Look through the data below for the line with "Inside: 0W x 0D" and the line with "FOAM MARKER COMPRESSOR 2007", then transcribe exactly from the first through the second, leaving out all pictures.

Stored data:
--- START ---

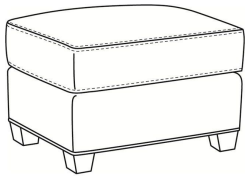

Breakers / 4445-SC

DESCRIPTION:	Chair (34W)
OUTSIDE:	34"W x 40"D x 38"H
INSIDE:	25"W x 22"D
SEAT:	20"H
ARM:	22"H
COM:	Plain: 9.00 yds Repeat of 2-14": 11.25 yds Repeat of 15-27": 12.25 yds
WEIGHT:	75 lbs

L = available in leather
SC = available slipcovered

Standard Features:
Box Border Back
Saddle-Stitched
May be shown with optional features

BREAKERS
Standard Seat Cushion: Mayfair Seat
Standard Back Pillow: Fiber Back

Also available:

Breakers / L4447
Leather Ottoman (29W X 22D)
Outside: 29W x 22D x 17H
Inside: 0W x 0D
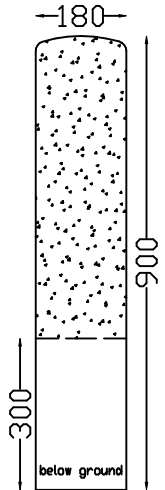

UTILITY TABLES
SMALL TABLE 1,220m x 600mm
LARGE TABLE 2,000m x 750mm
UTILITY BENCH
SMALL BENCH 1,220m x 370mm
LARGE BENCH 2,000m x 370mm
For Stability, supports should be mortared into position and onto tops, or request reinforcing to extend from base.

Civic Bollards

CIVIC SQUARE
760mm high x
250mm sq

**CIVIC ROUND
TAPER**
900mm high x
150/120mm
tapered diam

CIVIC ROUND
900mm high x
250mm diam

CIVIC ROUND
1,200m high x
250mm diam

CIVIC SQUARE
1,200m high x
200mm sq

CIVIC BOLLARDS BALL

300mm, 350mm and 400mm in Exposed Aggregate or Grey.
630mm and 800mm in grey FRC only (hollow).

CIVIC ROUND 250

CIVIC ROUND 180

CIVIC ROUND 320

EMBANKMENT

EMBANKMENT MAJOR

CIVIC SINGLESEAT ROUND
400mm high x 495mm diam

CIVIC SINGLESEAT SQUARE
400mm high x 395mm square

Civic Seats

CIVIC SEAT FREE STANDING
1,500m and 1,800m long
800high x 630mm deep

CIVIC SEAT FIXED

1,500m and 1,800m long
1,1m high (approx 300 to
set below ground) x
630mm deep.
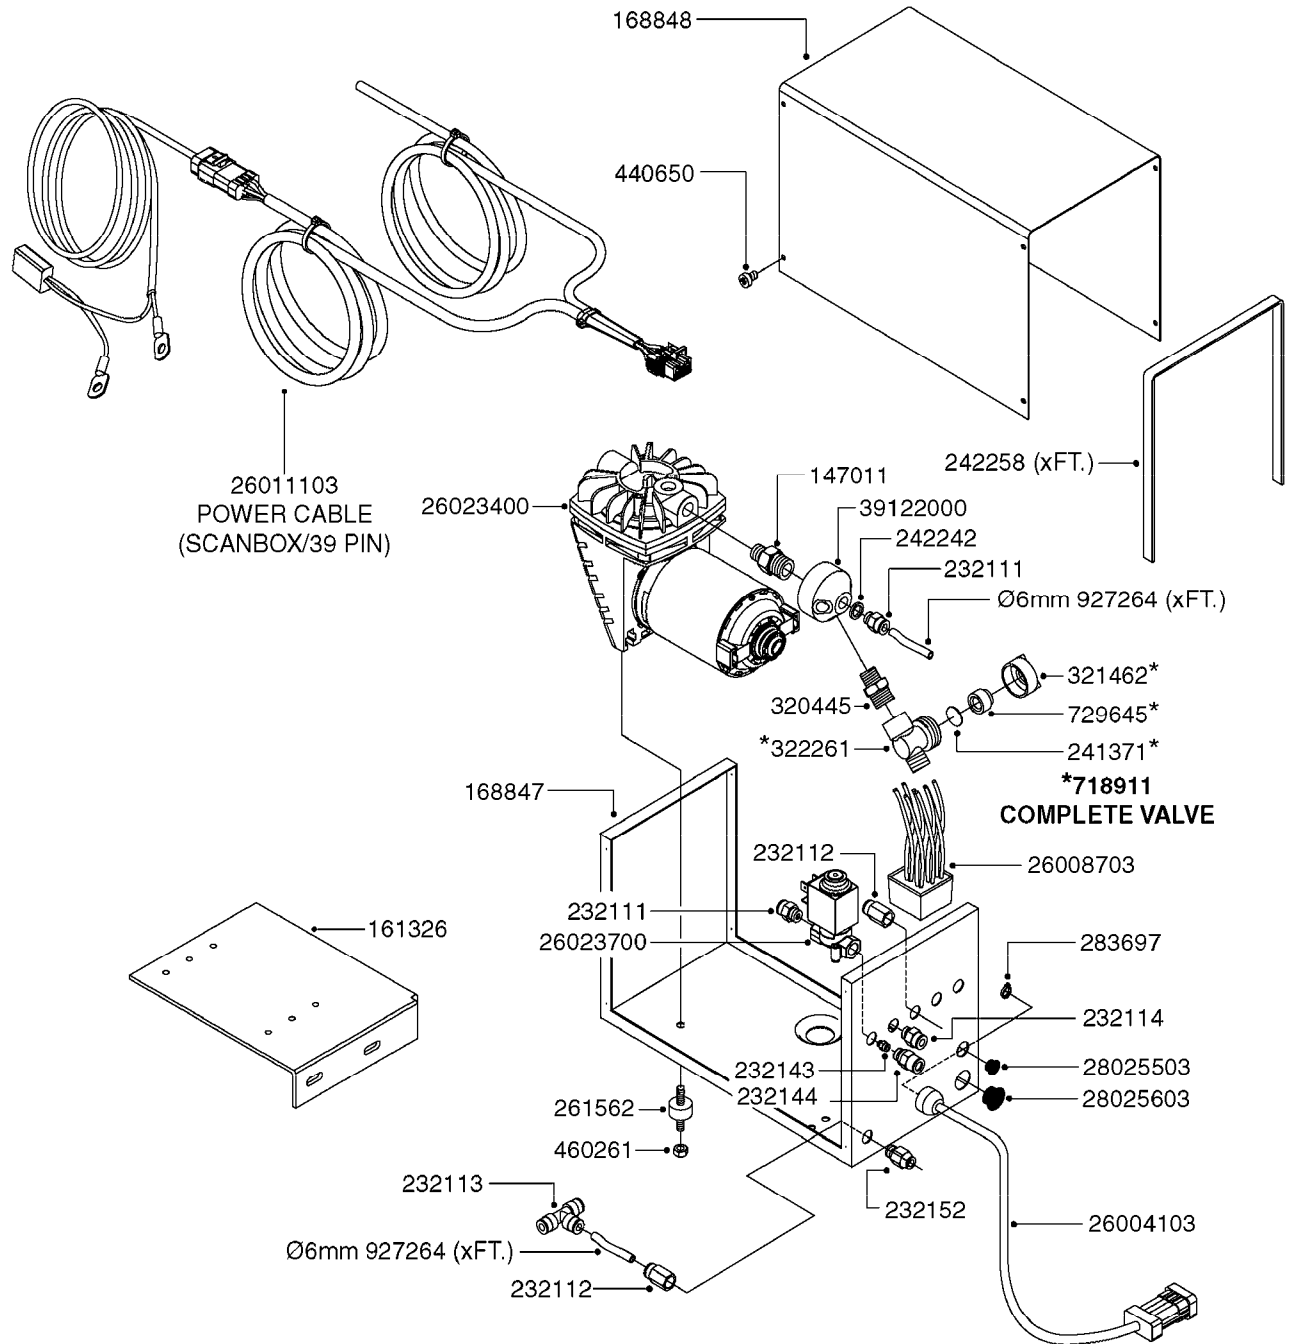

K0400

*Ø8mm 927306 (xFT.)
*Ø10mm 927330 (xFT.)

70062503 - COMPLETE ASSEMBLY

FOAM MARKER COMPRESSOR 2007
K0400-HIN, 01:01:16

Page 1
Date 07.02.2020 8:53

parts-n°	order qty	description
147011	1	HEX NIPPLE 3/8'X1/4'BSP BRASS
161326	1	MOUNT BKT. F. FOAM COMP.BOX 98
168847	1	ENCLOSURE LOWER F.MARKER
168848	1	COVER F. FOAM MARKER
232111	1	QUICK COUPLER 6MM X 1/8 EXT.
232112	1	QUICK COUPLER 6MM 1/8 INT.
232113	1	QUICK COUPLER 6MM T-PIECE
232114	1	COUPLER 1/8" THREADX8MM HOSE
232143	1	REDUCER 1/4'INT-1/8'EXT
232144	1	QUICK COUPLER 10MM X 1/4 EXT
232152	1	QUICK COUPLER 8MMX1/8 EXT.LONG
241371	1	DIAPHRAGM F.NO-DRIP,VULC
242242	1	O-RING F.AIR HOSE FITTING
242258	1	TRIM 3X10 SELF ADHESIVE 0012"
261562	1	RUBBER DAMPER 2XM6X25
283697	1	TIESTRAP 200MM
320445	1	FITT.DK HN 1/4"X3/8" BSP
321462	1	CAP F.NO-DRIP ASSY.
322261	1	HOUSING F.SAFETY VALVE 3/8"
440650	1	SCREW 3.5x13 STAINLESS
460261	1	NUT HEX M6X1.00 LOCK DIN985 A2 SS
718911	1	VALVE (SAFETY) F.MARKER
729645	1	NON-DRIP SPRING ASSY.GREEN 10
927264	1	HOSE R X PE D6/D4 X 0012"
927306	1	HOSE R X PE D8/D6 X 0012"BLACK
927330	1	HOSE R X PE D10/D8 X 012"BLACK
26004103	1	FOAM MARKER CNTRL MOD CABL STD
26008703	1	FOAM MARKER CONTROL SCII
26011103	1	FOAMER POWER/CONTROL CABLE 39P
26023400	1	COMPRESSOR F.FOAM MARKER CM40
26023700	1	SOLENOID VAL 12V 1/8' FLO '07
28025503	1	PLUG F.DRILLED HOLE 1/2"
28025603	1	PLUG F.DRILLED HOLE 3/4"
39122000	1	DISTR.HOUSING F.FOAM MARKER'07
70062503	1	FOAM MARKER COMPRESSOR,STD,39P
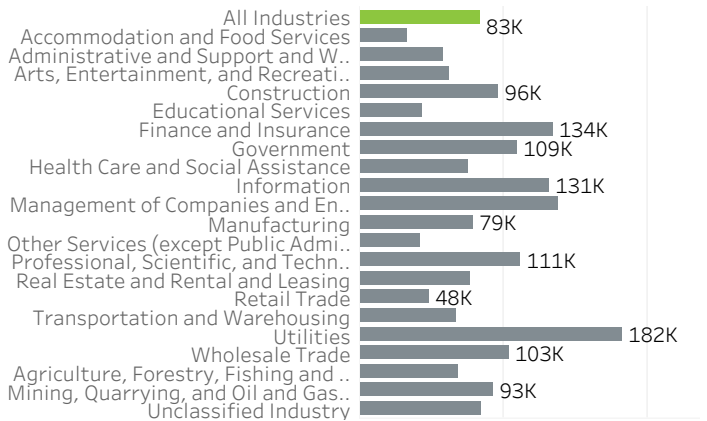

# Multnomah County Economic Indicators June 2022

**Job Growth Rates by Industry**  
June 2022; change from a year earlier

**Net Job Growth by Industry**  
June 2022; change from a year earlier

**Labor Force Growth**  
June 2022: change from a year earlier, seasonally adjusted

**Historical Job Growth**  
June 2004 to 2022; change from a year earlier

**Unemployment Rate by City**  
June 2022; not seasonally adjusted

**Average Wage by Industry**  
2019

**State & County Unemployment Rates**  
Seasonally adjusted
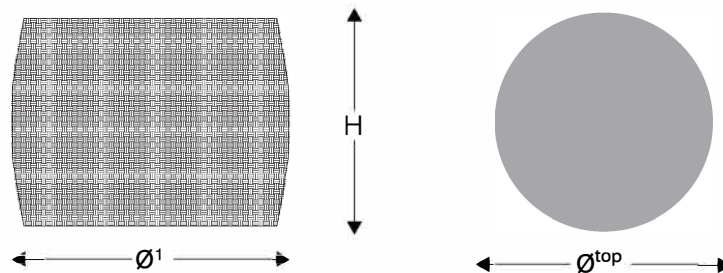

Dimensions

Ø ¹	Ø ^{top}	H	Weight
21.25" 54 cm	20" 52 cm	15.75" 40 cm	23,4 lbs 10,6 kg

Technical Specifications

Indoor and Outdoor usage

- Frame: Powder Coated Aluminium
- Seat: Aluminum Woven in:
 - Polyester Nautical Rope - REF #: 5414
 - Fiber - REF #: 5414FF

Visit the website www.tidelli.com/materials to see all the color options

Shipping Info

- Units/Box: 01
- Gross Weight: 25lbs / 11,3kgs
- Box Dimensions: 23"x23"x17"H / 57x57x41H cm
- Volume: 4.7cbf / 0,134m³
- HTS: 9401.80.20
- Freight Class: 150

--- END ---

* Expected answer:
Inside: 0W x 0D

UTILITY TABLES
SMALL TABLE 1,220m x 600mm
LARGE TABLE 2,000m x 750mm
UTILITY BENCH
SMALL BENCH 1,220m x 370mm
LARGE BENCH 2,000m x 370mm
For Stability, supports should be mortared into position and onto tops, or request reinforcing to extend from base.

Civic Bollards

CIVIC SQUARE
760mm high x
250mm sq

**CIVIC ROUND
TAPER**
900mm high x
150/120mm
tapered diam

CIVIC ROUND
900mm high x
250mm diam

CIVIC ROUND
1,200m high x
250mm diam

CIVIC SQUARE
1,200m high x
200mm sq

CIVIC BOLLARDS BALL

300mm, 350mm and 400mm in Exposed Aggregate or Grey.
630mm and 800mm in grey FRC only (hollow).

CIVIC ROUND 250

CIVIC ROUND 180

CIVIC ROUND 320

EMBANKMENT

EMBANKMENT MAJOR

CIVIC SINGLESEAT ROUND
400mm high x 495mm diam

CIVIC SINGLESEAT SQUARE
400mm high x 395mm square

Civic Seats

CIVIC SEAT FREE STANDING
1,500m and 1,800m long
800high x 630mm deep

CIVIC SEAT FIXED

1,500m and 1,800m long
1,1m high (approx 300 to
set below ground) x
630mm deep.

K0400

*Ø8mm 927306 (xFT.)
*Ø10mm 927330 (xFT.)

70062503 - COMPLETE ASSEMBLY

FOAM MARKER COMPRESSOR 2007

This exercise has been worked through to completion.